» Exercise brief: Nothing outside the range is to be copied. From the entries below, reproduce exactly the lines starting at the one with "削減したいW（ワット）数を確認して、「輝度」を設定することができます。" and ending at the one with "- nierdzewna WC szczotka", without pictures.

» Input data:

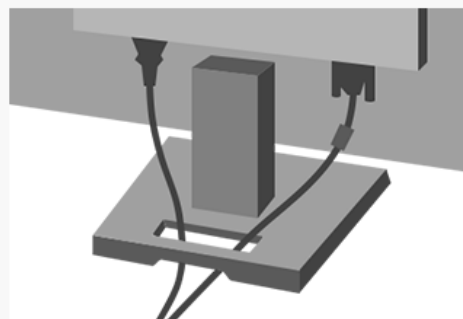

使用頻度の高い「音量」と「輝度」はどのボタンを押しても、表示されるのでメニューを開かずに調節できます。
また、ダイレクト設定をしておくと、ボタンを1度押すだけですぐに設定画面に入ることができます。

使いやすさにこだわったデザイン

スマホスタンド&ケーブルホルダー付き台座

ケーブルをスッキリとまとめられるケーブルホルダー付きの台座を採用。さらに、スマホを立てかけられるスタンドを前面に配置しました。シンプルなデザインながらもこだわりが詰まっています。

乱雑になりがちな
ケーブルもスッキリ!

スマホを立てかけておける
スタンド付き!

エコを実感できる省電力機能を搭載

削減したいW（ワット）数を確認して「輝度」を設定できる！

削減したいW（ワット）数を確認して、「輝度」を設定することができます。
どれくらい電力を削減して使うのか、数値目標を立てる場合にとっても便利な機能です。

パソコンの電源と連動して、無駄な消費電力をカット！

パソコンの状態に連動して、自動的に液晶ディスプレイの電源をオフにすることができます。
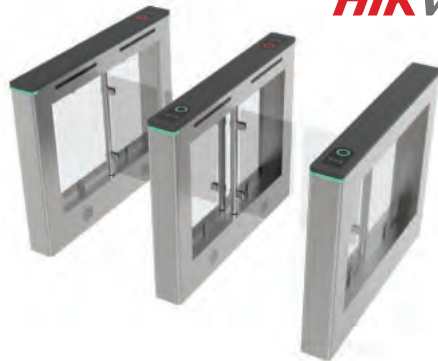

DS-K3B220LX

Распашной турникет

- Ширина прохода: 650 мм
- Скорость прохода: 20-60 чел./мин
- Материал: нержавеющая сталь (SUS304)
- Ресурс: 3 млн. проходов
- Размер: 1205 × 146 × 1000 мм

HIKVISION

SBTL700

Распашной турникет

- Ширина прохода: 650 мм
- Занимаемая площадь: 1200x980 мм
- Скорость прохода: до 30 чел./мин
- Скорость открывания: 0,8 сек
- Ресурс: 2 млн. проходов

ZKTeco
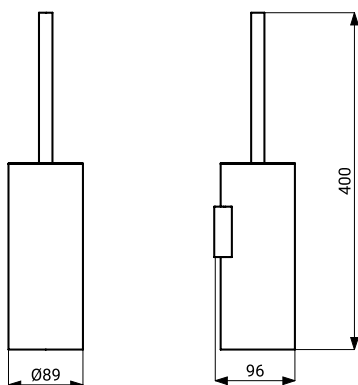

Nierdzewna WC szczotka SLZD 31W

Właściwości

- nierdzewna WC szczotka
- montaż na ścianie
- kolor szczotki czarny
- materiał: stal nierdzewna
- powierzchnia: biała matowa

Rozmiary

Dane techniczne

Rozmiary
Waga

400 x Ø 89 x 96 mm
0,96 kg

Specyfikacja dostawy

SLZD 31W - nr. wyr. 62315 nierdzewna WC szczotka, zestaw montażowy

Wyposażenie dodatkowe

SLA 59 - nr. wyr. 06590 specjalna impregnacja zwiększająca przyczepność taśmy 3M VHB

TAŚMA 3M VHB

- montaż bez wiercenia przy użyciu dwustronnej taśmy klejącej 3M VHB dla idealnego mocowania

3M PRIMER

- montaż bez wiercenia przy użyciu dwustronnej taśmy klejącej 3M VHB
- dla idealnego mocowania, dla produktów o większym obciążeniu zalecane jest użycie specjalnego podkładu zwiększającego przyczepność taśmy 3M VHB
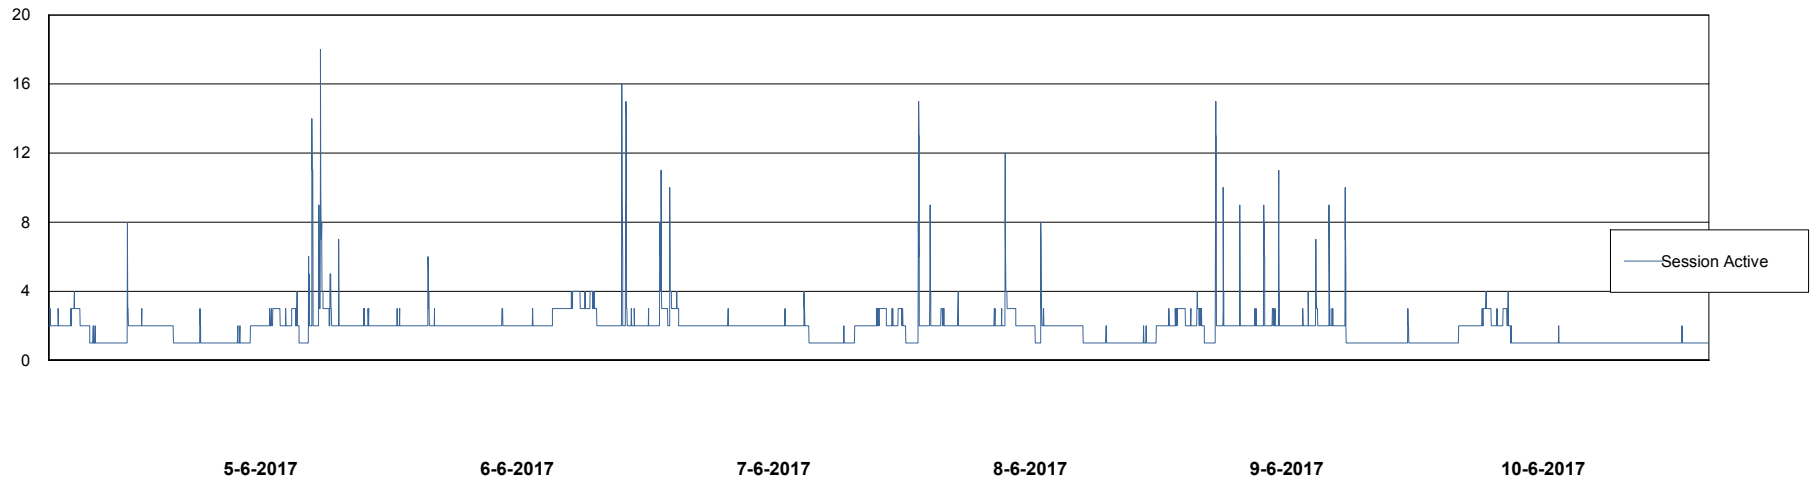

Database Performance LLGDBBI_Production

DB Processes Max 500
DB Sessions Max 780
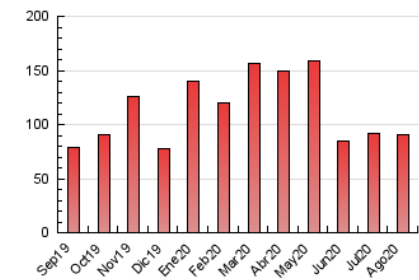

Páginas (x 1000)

» Exercise result:
削減したいW（ワット）数を確認して、「輝度」を設定することができます。
どれくらい電力を削減して使うのか、数値目標を立てる場合にとっても便利な機能です。

パソコンの電源と連動して、無駄な消費電力をカット！

パソコンの状態に連動して、自動的に液晶ディスプレイの電源をオフにすることができます。

DS-K3B220LX

Распашной турникет

- Ширина прохода: 650 мм
- Скорость прохода: 20-60 чел./мин
- Материал: нержавеющая сталь (SUS304)
- Ресурс: 3 млн. проходов
- Размер: 1205 × 146 × 1000 мм

HIKVISION

SBTL700

Распашной турникет

- Ширина прохода: 650 мм
- Занимаемая площадь: 1200x980 мм
- Скорость прохода: до 30 чел./мин
- Скорость открывания: 0,8 сек
- Ресурс: 2 млн. проходов

ZKTeco

Nierdzewna WC szczotka SLZD 31W

Właściwości

- nierdzewna WC szczotka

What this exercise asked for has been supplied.